I'm trying to integrate Storm (see here) into my project. I grok the concepts of topologies, spouts, and bolts. But now, I'm trying to figure out the actual implementation of a few things.
A) I have a polyglot environment with Java and Clojure. My Java code is a callback class with methods firing streaming data. The event data pushed to those methods, is what I want to use as a spout.
So the first question is how to connect the data coming into those methods, to a spout ? I'm trying to i) pass an backtype.storm.topology.IRichSpout , then ii) pass a backtype.storm.spout.SpoutOutputCollector (see here) to that spout's open function (see here). But I can't see a way to actually pass in any kind of map or list.
B) The rest of my project is all Clojure. There will be a lot of data coming through those methods. Each event will have an ID of between 1 and 100. In Clojure, I'll want to split data coming from the spout, into different threads of execution. Those, I think, will be the bolts.
How can I set up a Clojure bolt to take event data from the spout, then break-off a thread based on the ID of the incoming event ?
Thanks in advance Tim
[EDIT 1]
I've actually gotten past this problem.

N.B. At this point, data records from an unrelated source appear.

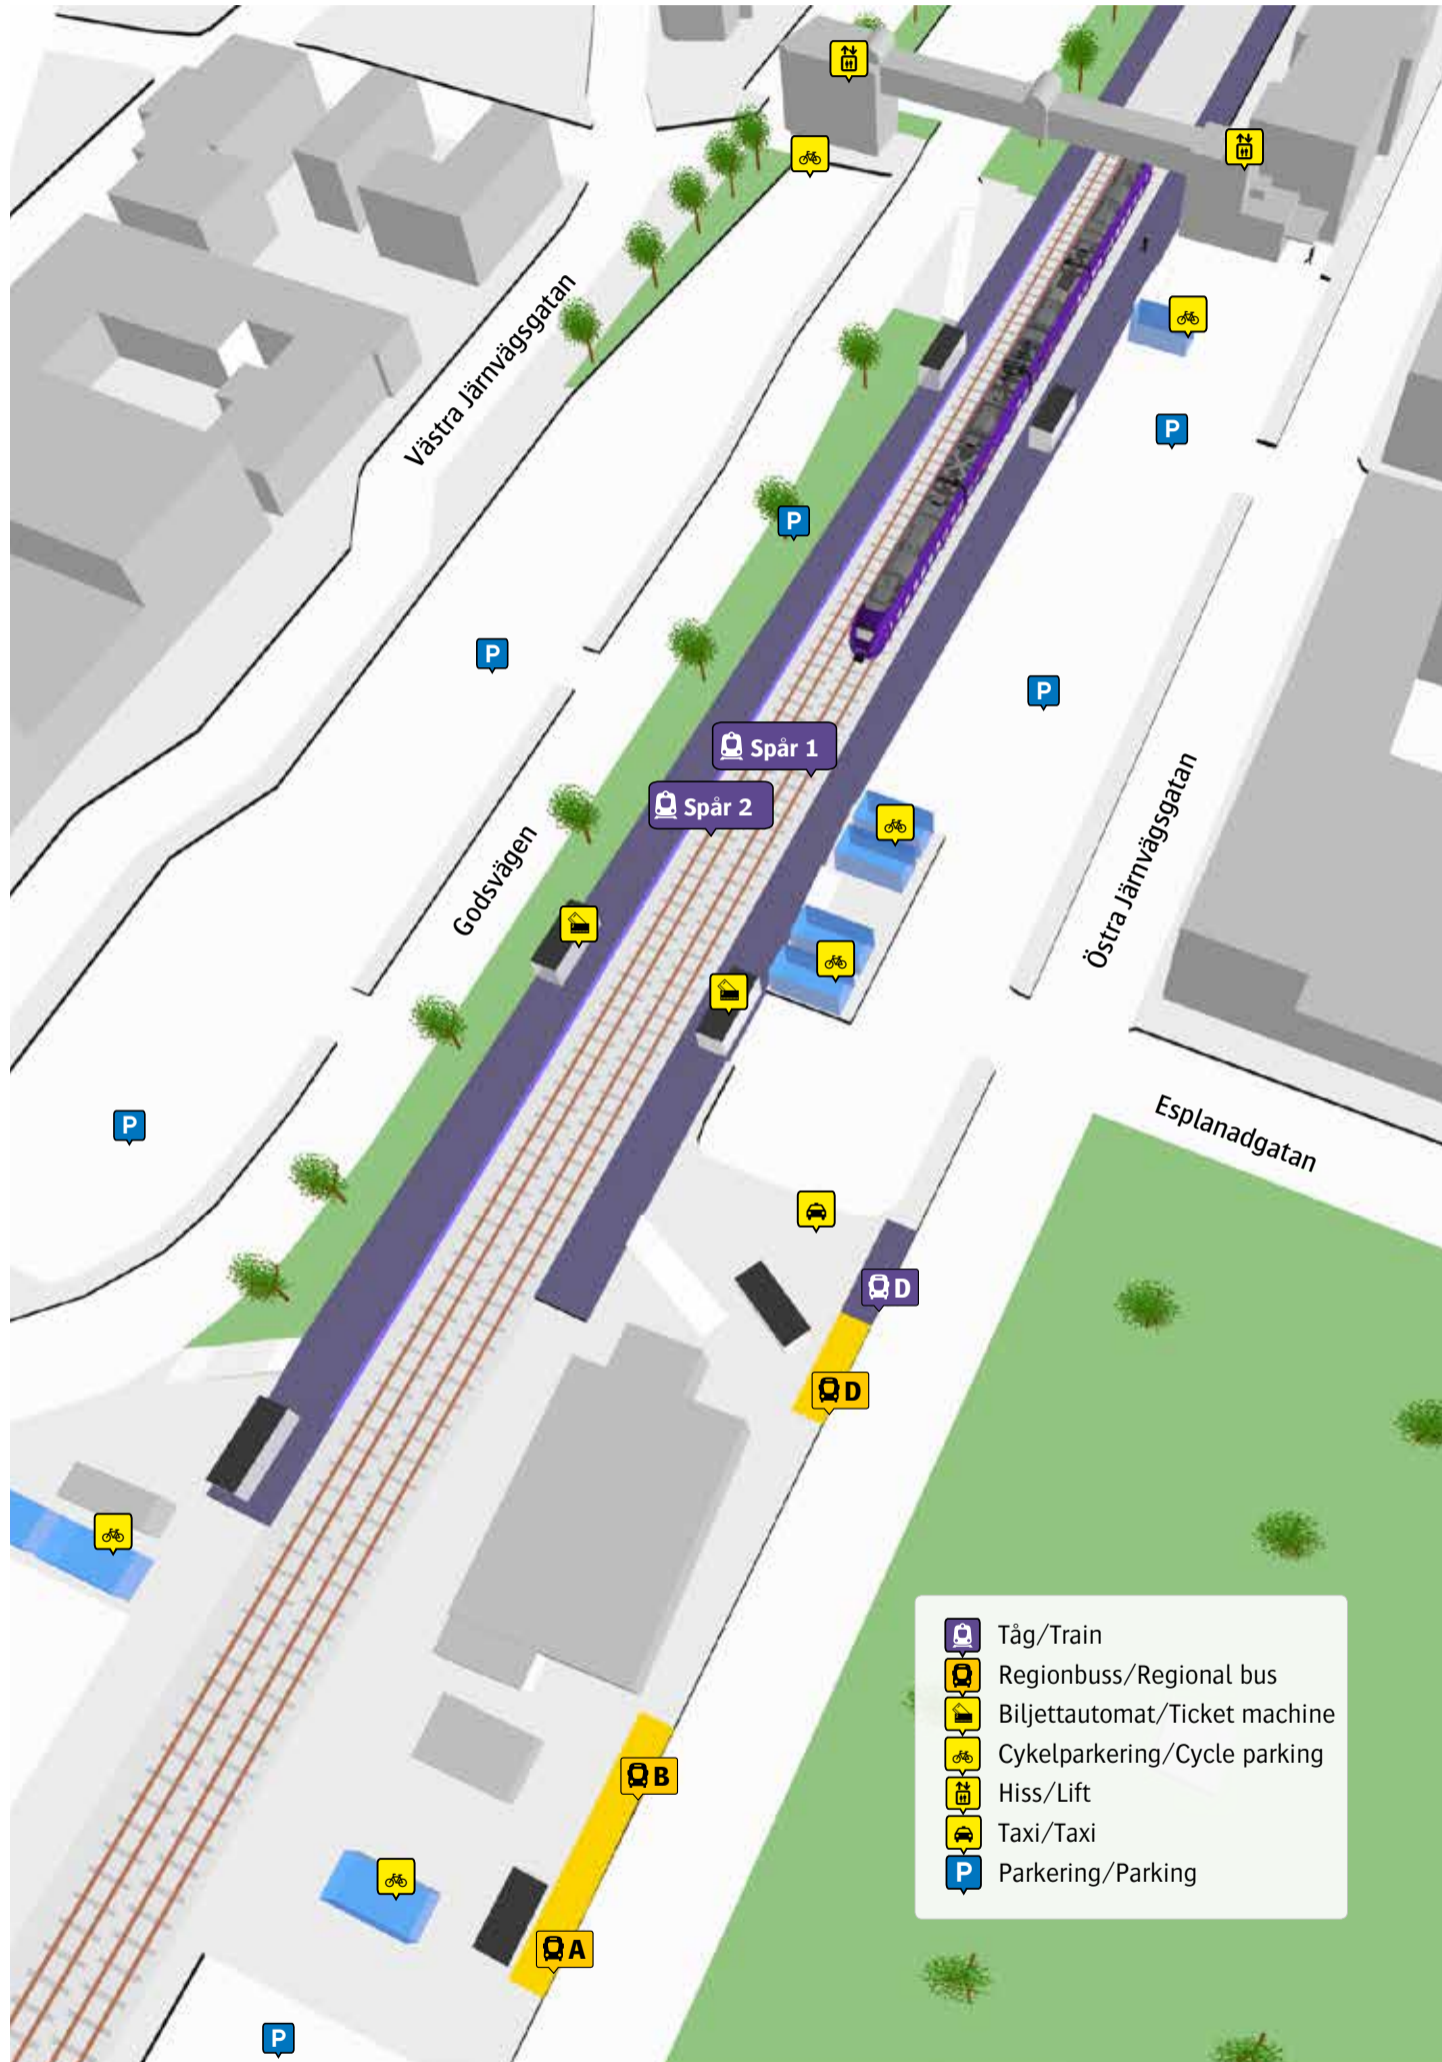

Osby station

Regionbuss

- 536 Hässleholm D
- 539 Lönsboda B
- 545 Kristianstad A
- Närtrafik D

Ersättningstrafik

- Hässleholm/Växjö D

  När tåget ersätts med buss avgår den från markerad hållplats.

  When there is a rail replacement bus service, it departs from the indicated stop.

I ended up 1) implementing my own IRichSpout. I then 2) connected that spout's internal tuple to the incoming stream data in my java callback class. I'm not sure if this is idiomatic. But it compiles and runs without error. However, 3) I don't see the incoming stream data (definitely there), coming through the printstuff bolt.

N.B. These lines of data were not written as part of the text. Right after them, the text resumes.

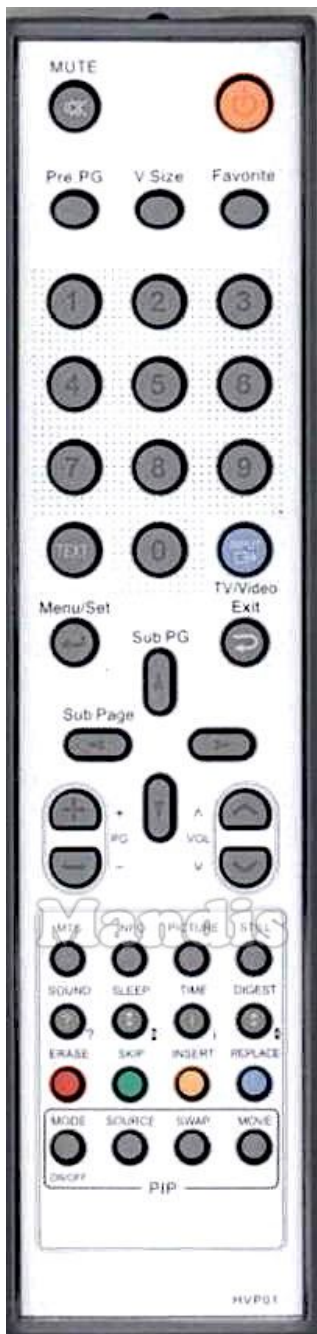

Original	Substituto
 Power	 Power
 Mute	 Mute
 Pre Pg	 Pre Ch
 V.Size	 Eject
 Favourite	 Shift + Pre Ch
 1	 1
 2	 2
 3	 3
 4	 4
 5	 5
 6	 6
 7	 7
 8	 8
 9	 9
 0	 0
 Text	 Text
 Input / TV/Video	 TV/R

Original	Substituto
 Menu / Set	 Menu
 Menu / Set	 Ok
 Exit	 Exit
 Up	 Up
 Left	 Left
 Right	 Right
 Down	 Down
 PG+	 Ch +
 PG-	 Ch -
 Vol+	 Vol +
 Vol-	 Vol -
 MTS	 Media
 PG Info	 Info
 Picture	 Format
 Still	 Pause
 Sound	 Dual
 Sleep	 Sleep

	Original	Substituto		Original	Substituto
	Time	AV			
	Bright	OPT			
	Red / Erase	A			
	Green / Skip	B			
	Yellow / Insert	C			
	Blue / Replace	D			
	PIP On/Off	SHIFT + A	Shift + Red		
	PIP Source	SHIFT + B	Shift + Green		
	PIP Swap	SHIFT + C	Shift + Yellow		
	PIP Move	SHIFT + D	Shift + Blue		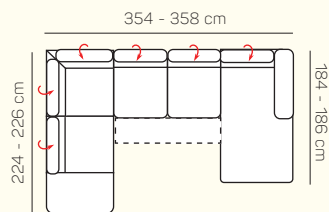

## VÝBER ROHOVÝCH KOMPONENTOV A TABURETOV

Otoman L/P

Otoman Chair L/P

roh

taburetka 80x80

taburetka 60x120

## UKÁŽKY OBLÚBENÝCH ZOSTÁV SEDAČKY LYON

OL Chair + 3P roz.

3L + R + 1P

OL Chair + 3BP + R + 1P

1L + 2BP + OP Chair

OL + 2BP roz. + OP Chair

3L + R + 2P

3L + OP

OL + 3BP + R + 2P

3 sed + 2 sed

3L + OP

OL Chair + 3BP + OP

## ZÁKLADNÉ ROZMERY

Výška sedačky: 73 - 88 cm

Výška sedenia: 42 - 44 cm

Hĺbka sedenia: 61 - 84 cm

In order to ensure that the event data gets propagated, is there something specific I have to do in the spout or bolt implementation or topology definition? Thanks.
;; tie Java callbacks to a Spout that I created (.setSpout java-callback ibspout) (storm/defbolt printstuff ["word"] [tuple collector] (println (str "printstuff --> tuple["tuple"] > collector["collector"]")) ) (storm/topology { "1" (storm/spout-spec ibspout) } { "3" (storm/bolt-spec { "1" :shuffle } printstuff ) })
[EDIT 2]
On the advice of SO member Ankur, I'm rejigging my topology. After I've created my Java callback, I pass it's tuple to the below IBSpout, using (.setTuple ibspout (.getTuple java-callback))
. I don't pass the entire Java callback object, because I get a NotSerializable error. Everything compiles and runs without error. But again, there's no data coming to my printstuff bolt. Hmmm.
public class IBSpout implements IRichSpout { /** * Storm spout stuff */ private SpoutOutputCollector _collector; private List _tuple = new ArrayList(); public void setTuple(List tuple) { _tuple = tuple; } public List getTuple() { return _tuple; } /** * Storm ISpout interface functions */ public void open(Map conf, TopologyContext context, SpoutOutputCollector collector) { _collector = collector; } public void close() {} public void activate() {} public void deactivate() {} public void nextTuple() { _collector.emit(_tuple); } public void ack(Object msgId) {} public void fail(Object msgId) {} public void declareOutputFields(OutputFieldsDeclarer declarer) {} public java.util.Map getComponentConfiguration() { return new HashMap(); } }